Item 2 on the agenda relates to the Scottish Executive's budget proposals. The purpose of this item is to hear a general explanation of the budget. We then have a couple of weeks to consider what we have heard. After that there will be a further opportunity to obtain information at an informal question-and-answer session. We then have to report formally our views to the Finance Committee. [Interruption.] I have just been informed that there is a slight problem with the recording equipment. I will suspend the meeting for a couple of minutes so that we can get it fixed.
Meeting adjourned.
On resuming—
We seem to be in business again. As I said, some of the points that we raised earlier will be explained to us. We will have another opportunity at an informal meeting in a couple of weeks to pursue the issues that are raised by the responses. After that, we will have to meet formally and agree our report to the Finance Committee.
We propose to spend no more than 10 minutes on giving the committee a broad overview of the budget, during which we will deal with some of the questions that the committee has raised. Members may then follow that with questions if they do not understand our explanations.
As the secretary of the department said, our spending is dominated by the £300 million to £400 million that is spent on the common agricultural policy market support scheme. Such schemes are mandatory in Scotland, as they are elsewhere in the UK and across the European Community. They are entirely reimbursed by the European agricultural guidance and guarantees fund, which is known as the EAGGF.

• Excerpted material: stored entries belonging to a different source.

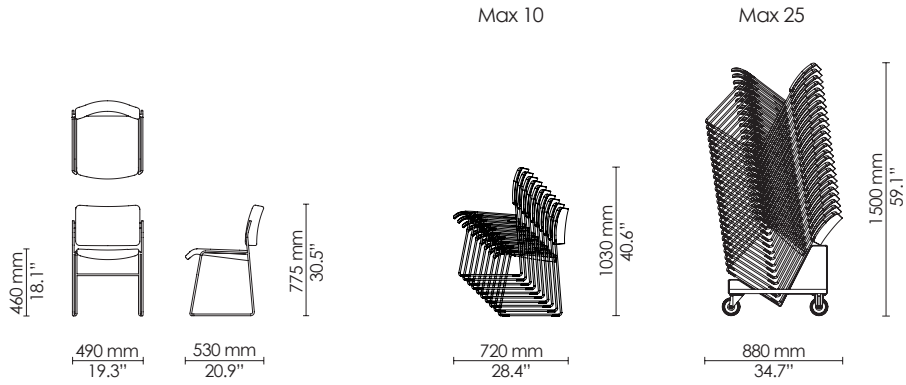

Side chair
Veneer/Polyamide

Armchair
Veneer/Polyamide

40/4 xtra
Veneer

Lounge chair
Veneer

Side chair
Upholstered

Armchair
Upholstered

40/4 xtra
Upholstered

Lounge chair
Upholstered

Side chair
Metal

Side chair
with writing tablet

Armchair
with writing tablet

Linked chairs
- Brace linking
- Eye/hook linking
- Arm linking

Chair dolly
- Single

*Applicable for side chairs
Veneer/Stain/Polyamide

Barstool
Veneer/Polyamide

Max 10

Barstool
Counter height
Veneer/Polyamide

Max 10

Side chair
Wood frame

Max 12

Max 25

Side chair
Wood frame
Seat upholstered
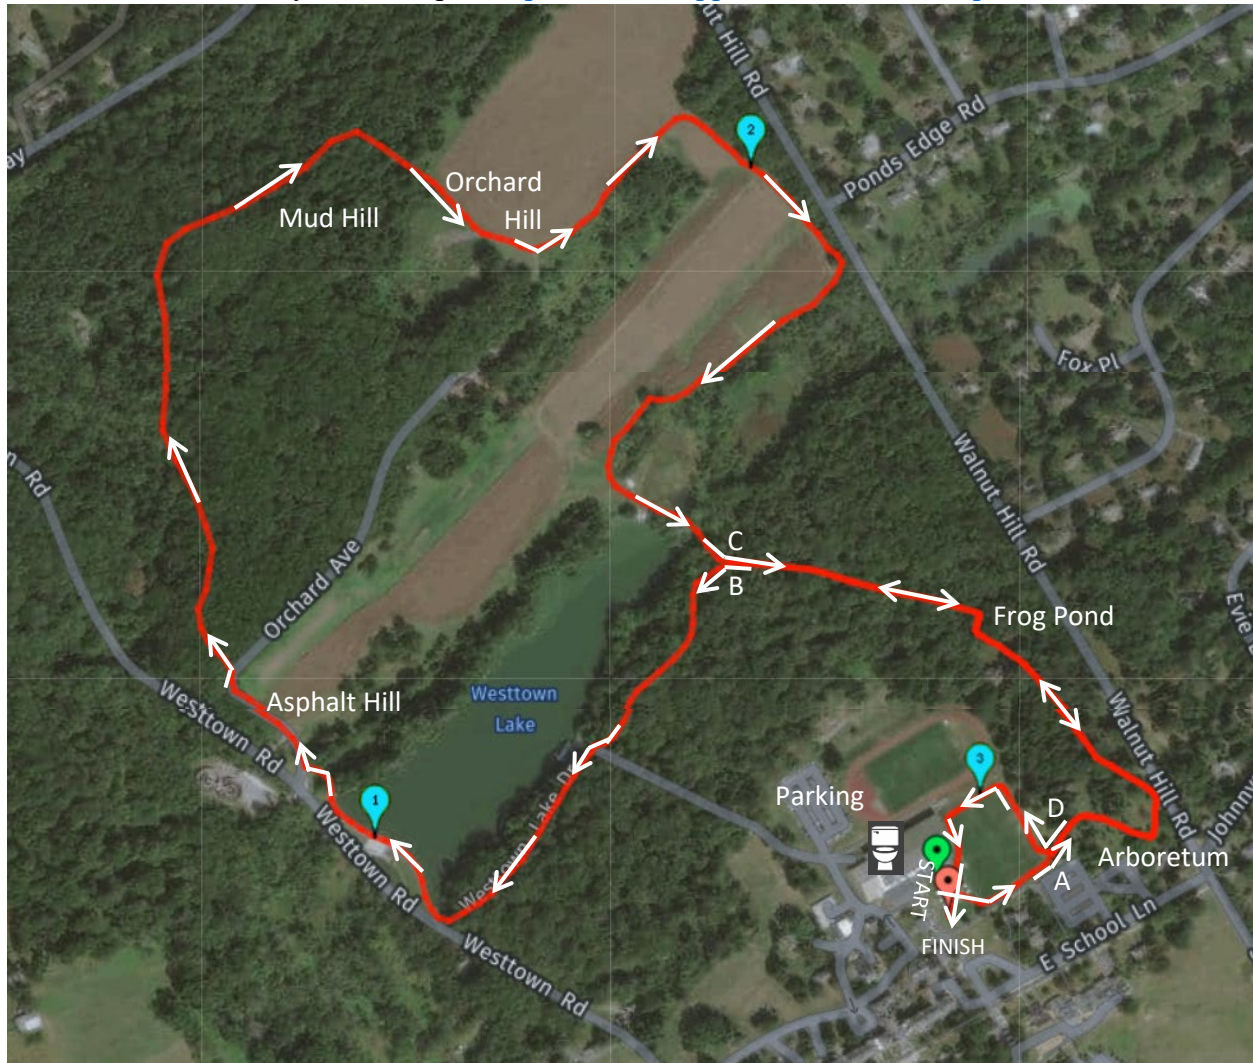

Westtown School Cross Country North Woods Course 3.1 Miles (5000m)

To see this course online, visit Google Map Pedometer at mappedometer.com and load route 916220, or link directly to the map at <https://www.mappedometer.com/?maproute=916220>

The first quarter mile and last quarter mile of the course—the fields and arboretum—are marked with white paint and blue flags. Directions for the rest of the course are given by wooden poles painted on the top with directional colors:

Red poles signal a **left turn**.

Yellow poles signal a **right turn**.

Blue poles signal **straight ahead**.
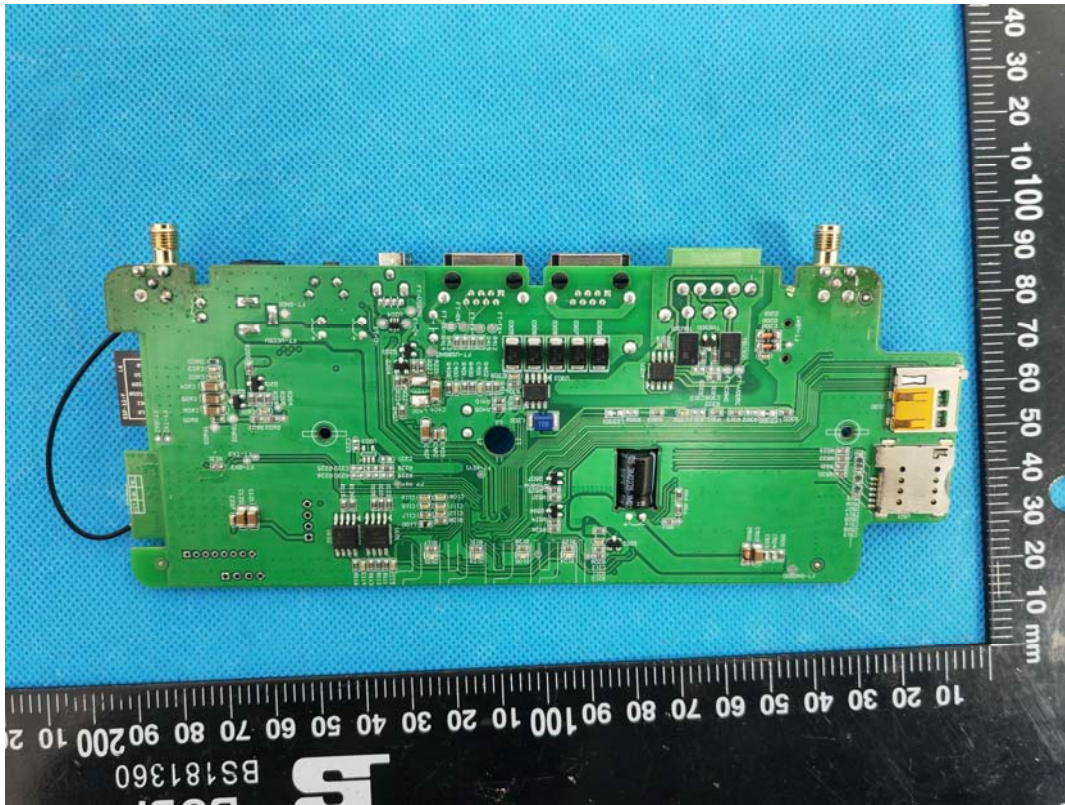

EXHIBIT C - EUT INTERNAL PHOTOGRAPHS

WWAN Module, FCC ID: XMR201903EG25G IC: 10224A-201903EG25G

WIFI ANT

WWAN Chip

SRD Chip

WiFi Chip
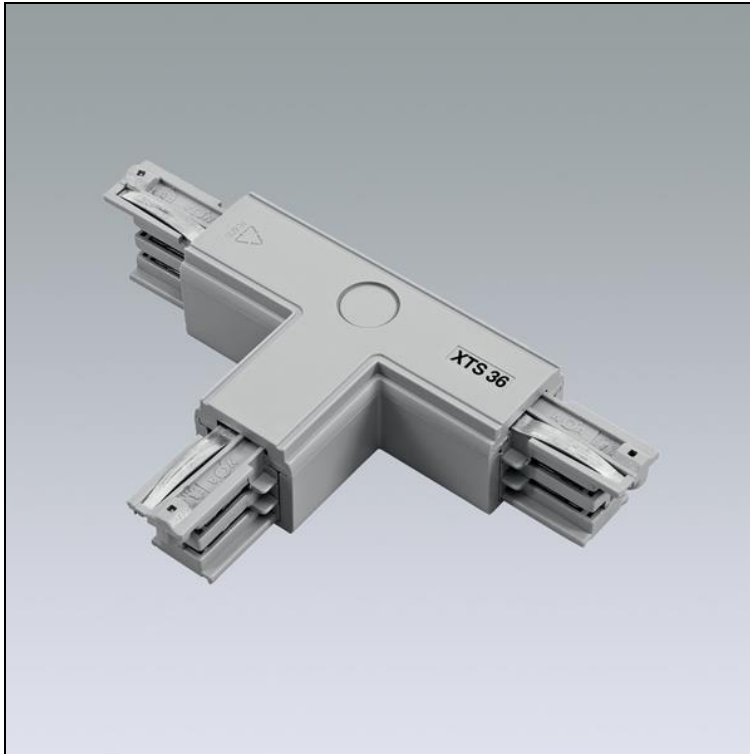

Datasheet

Global Trac Pro T-connector

1000.6325

1706W.03

Finish pure white
Weight 0.16 kg

T-connector Global Trac Pro 230 V, 3 phase, pure white, for right infeed/external infeed,
protection class I,
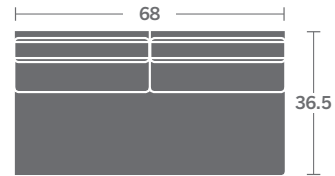

TAYLOR KING

Please print the document at 100% for an accurate scale results.

DIAGRAM USING 1/4" IMAGES BELOW REQUIRED WITH ORDER.

3821-11
LAF CHAIR

3821-12
RAF CHAIR

3821-10
ARMLESS CHAIR

3821-21
LAF LOVESEAT

3821-22
RAF LOVESEAT

3821-20
ARMLESS LOVESEAT

3821-31
LAF SOFA

3821-32
RAF SOFA

3821-30
ARMLESS SOFA

3821-33
LAF CORNER SOFA

3821-34
RAF CORNER SOFA

3821-15
CORNER CHAIR

I will briefly cover the impact of the value of sterling, particularly on the first line of table 6.1, "Market Support (CAP)". Expenditure on the reach of the schemes involved in this—the payment rates—is set in euros. As sterling appreciates against the euro, or as the euro weakens against sterling, the sterling equivalent falls in the UK. It has been falling markedly over the past couple of years. The payment rates are based on a set of operative dates for each of the schemes—each scheme has its own dates. It is the sterling-euro rate on a particular day that determines what the payment will be in sterling. That then determines, as David Dalgetty has pointed out, what we draw down from the European guidance and guarantee fund.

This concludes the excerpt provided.